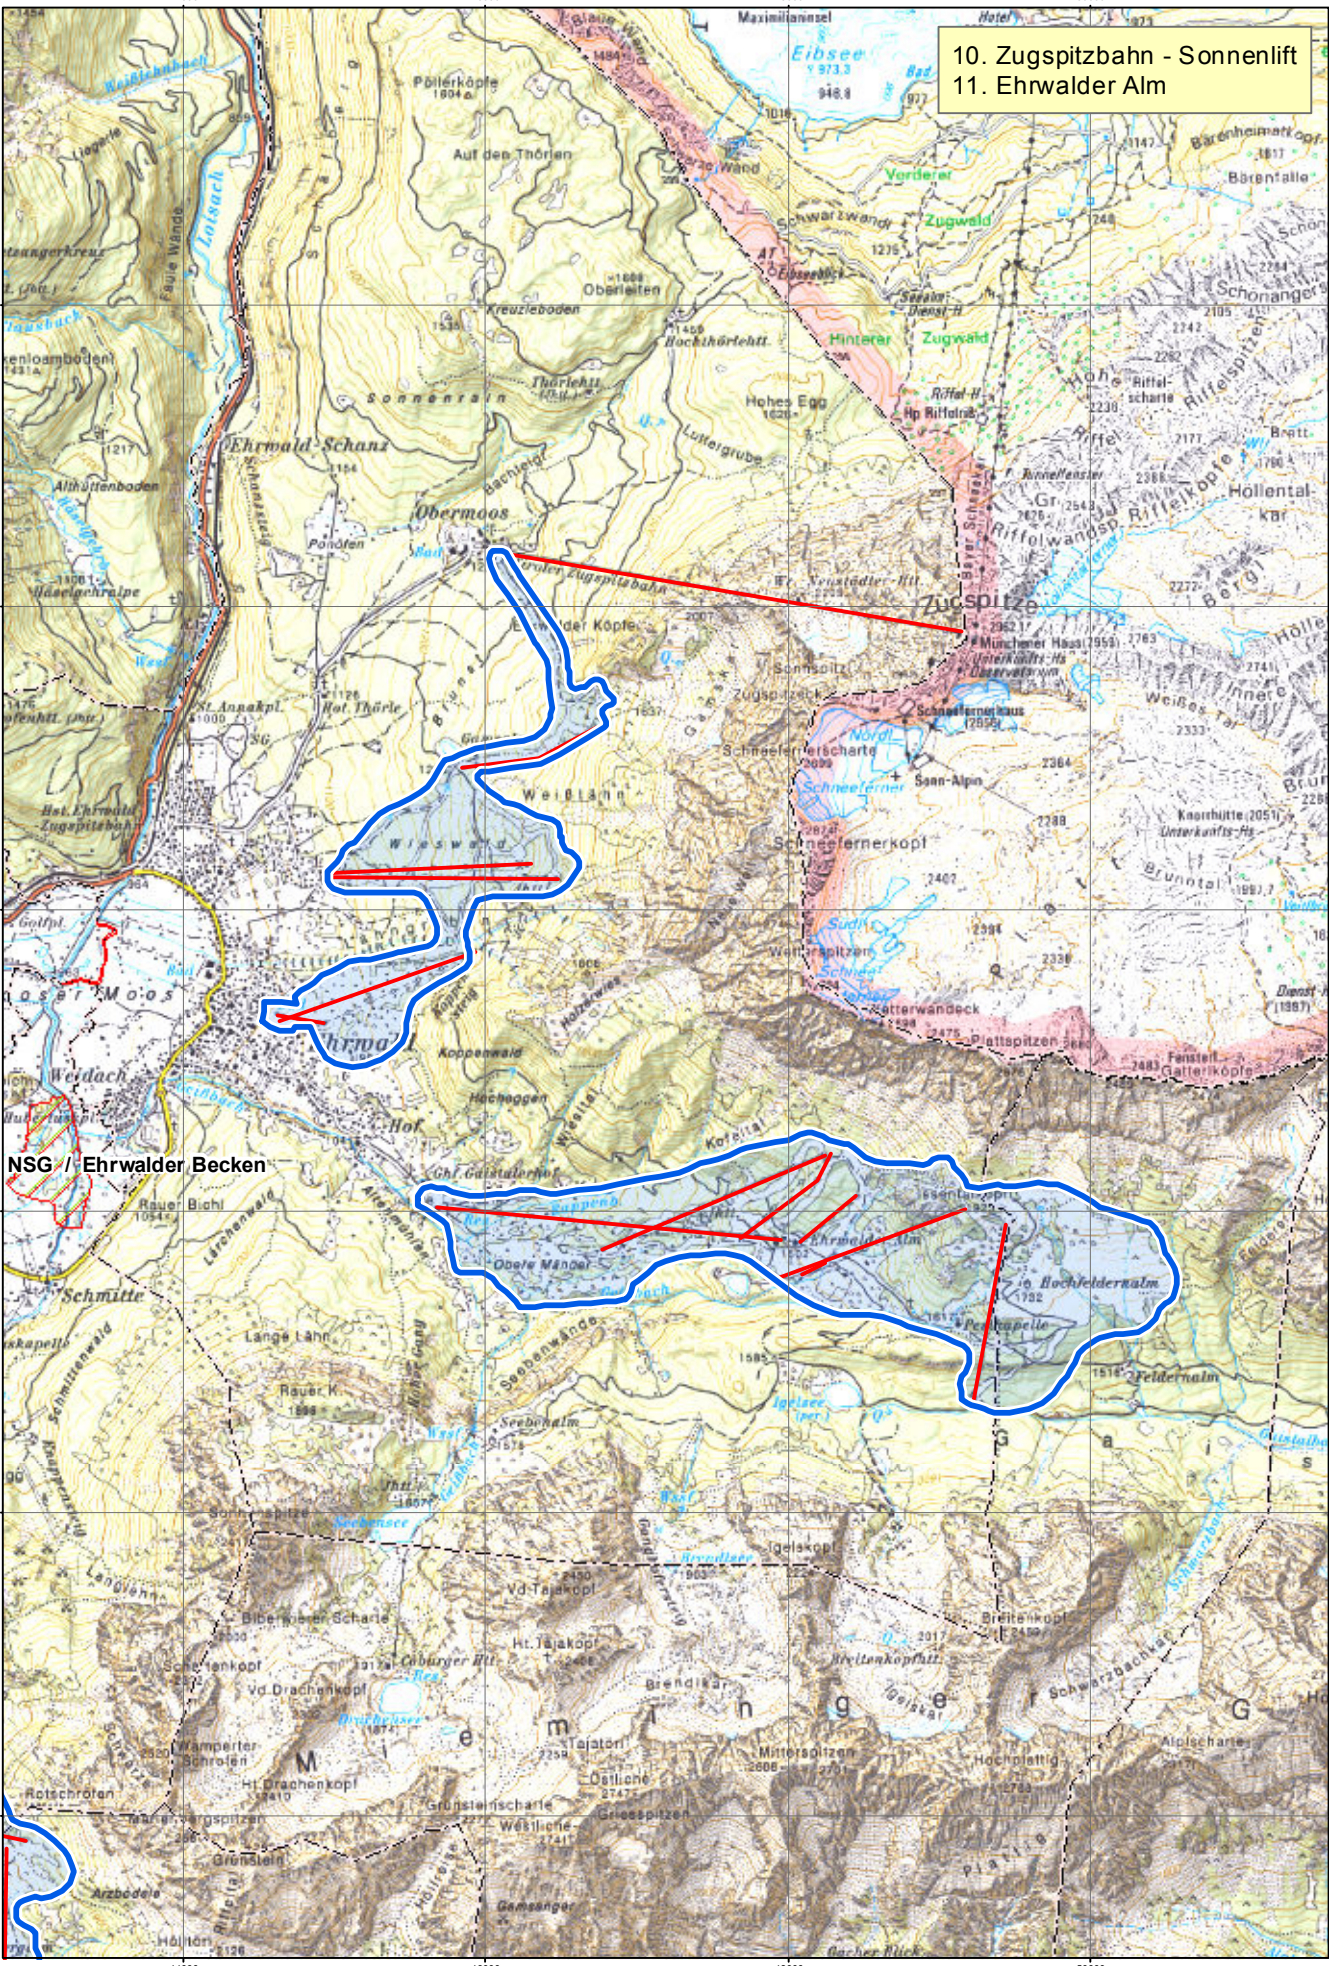

10. Zugspitzbahn - Sonnenlift
11. Ehrwalder Alm

NSG / Ehrwalder Becken

Amt der Tiroler Landesregierung
SG Landesstatistik und tiris
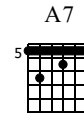

# D Shuffle

Intermediate Blues - Rhythm Guitar

Corey Congilio

**A** 00:18  **D7/F#**  

**B** 02:24 **G7**  

**C** 02:29 **A7**  

*mf*

**TAB**

**D** 03:05 **D7/F#**  

**TAB**

**G7**  

**D7/F#**  

**TAB**

12 13 14 15

T  
A  
B

5	5	5	5	3	3	3	3	5	5	5	5	5	5	5	5
5	5	5	5	3	3	3	3	5	5	5	5	5	5	5	5
5	5	5	5	3	3	3	3	4	4	4	4	5	5	5	5
7	7	7	7	5	5	5	5	5	5	5	5	7	7	7	7
5	5	5	5	3	3	3	3	4	4	4	4	5	5	5	5
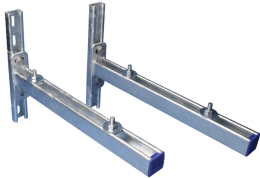

Universele ondersteuningsset

KENMERKEN

Set van twee draagbeugels voor strut montageprofielen, twee profielen en alle bevestiging (zonder bevestigingen aan structuur)

SPECIFICATIES

Table 1/1

Catalogusnummer	Artikelnummer	Materiaal	Afwerking	Lengte (L)	Hoogte (H)	Statische belasting
KIT600	590010	Staal	Thermisch verzinkt	600mm	300 mm	730N
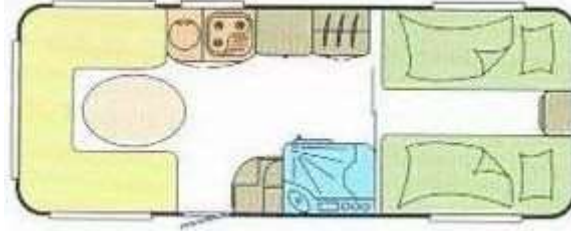

Flot og velholdt vogn. Stor rundsiddegruppe, 2 store enkeltssenge, masser af køkken- og skabsplads. Stort TV-bord. Hæve/sænkebord i salon, Køleskab, 3 gasblus, Varmtvand, Toiletrum, Blæservarme, Rullegardiner, Cassettegardiner, Myggenet, Stor tagluge (HEKI), Satalitparabol og TV-antenne, TV hylde, Serviceklap. Isabella fortelt. Campingbord m 4 stole, køleskab m fryseboks i fortelt. Havemøbler og parasol. Siddepladser: 6, Senge: 4-6

<http://www.koebingsmarkcamping.dk/>

Mail: info@sailaway.dk www.norulf.info

2000 LMC DOMINANT 545 E

Synet 2010

Generelle oplysninger

Kategori:	Brugt	Egenvægt:	1150
Type:	Campingvogn	Totalvægt:	1500
Lagernr:		Lasteevne:	350
Før pris:			

Installationer og tilbehør

Fortelt beskrivelse:	Isabella		
✓ Rundsiddegruppe	✓ Enkeltsege	✓ Hæve/sænkebord	✓ Køleskab x 2
✓ 3 gasblus	✓ Varmtvand	✓ Toiletrum	✓ Blæservarme
✓ Rullegardiner	✓ Casettegardiner	✓ Myggenet	✓ Stor tagluge (HEKI)
✓ TV-antenne	✓ TV hylde	✓ Fortelt	
✓ Serviceklap			

Yderligere oplysninger

Øvrige oplysninger: **Flot og velholdt vogn. Rundsiddegruppe, 2 store enkeltsege, masser af køkken- og skabsplads. Stort TV-bord.**

Sovepladser:	4-5	Siddepladser:	6
--------------	------------	---------------	----------
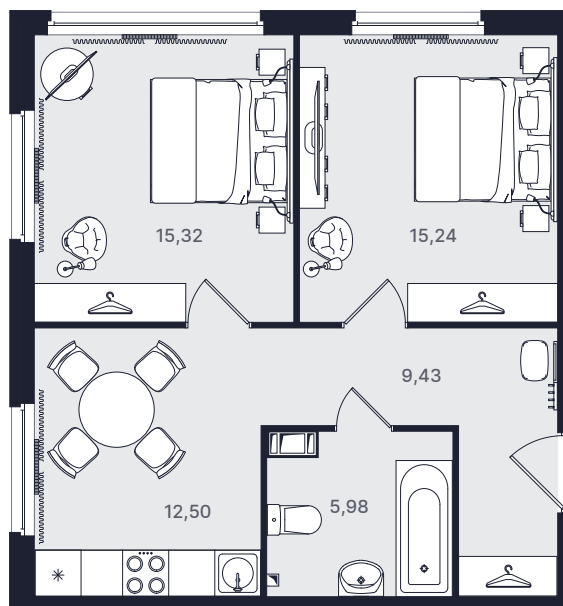

Двухкомнатный 58,40 м²

Очередь

Вторая

Ввод объекта

IV кв. 2022

Этаж

8/29

Номер

№ 809

Цена при 100% оплате

12 590 164 ₺

Планировка номера

Место на этаже

Адрес объекта

Витебский пр., 101
ст. м. Купчино

Режим работы

[TASK OBJECTIVE]
Lines that contain "oplysninger" are to be copied from the records above.

[YOUR SOLUTION]
Generelle oplysninger
Yderligere oplysninger
Øvrige oplysninger: **Flot og velholdt vogn. Rundsiddegruppe, 2 store enkeltsege, masser af køkken- og skabsplads. Stort TV-bord.**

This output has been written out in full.